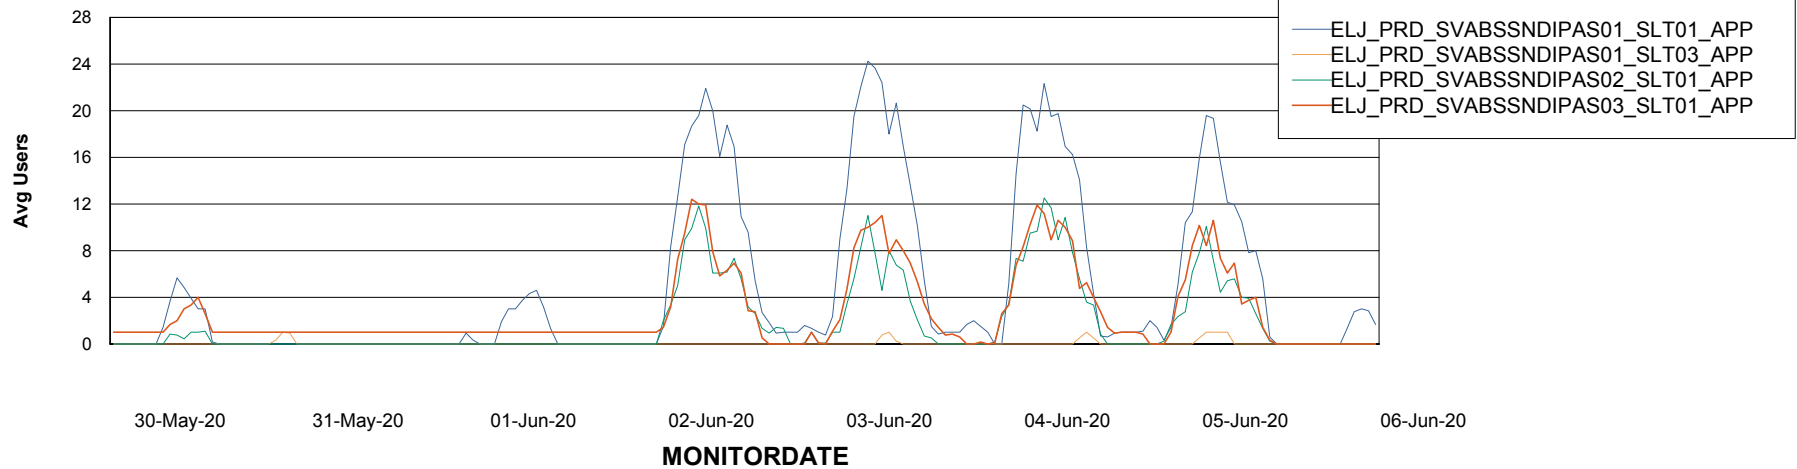

Weekly SLA Customer Report

Customer ELJ Production
Database ID 72

ABSSolute Application Server Services

Avg memory used per ABS Server Service

Avg users per day per ABS server

Weekly SLA Customer Report

Customer ELJ Production
Database ID 72

○ ○ ○ ○ ○

Task instructions: Restate each entry word for word; omit the pictures.

Task solution:
Weekly SLA Customer Report

Customer ELJ Production
Database ID 72

ABSSolute Application Server Services

Avg memory used per ABS Server Service

Avg users per day per ABS server

Weekly SLA Customer Report

Customer ELJ Production
Database ID 72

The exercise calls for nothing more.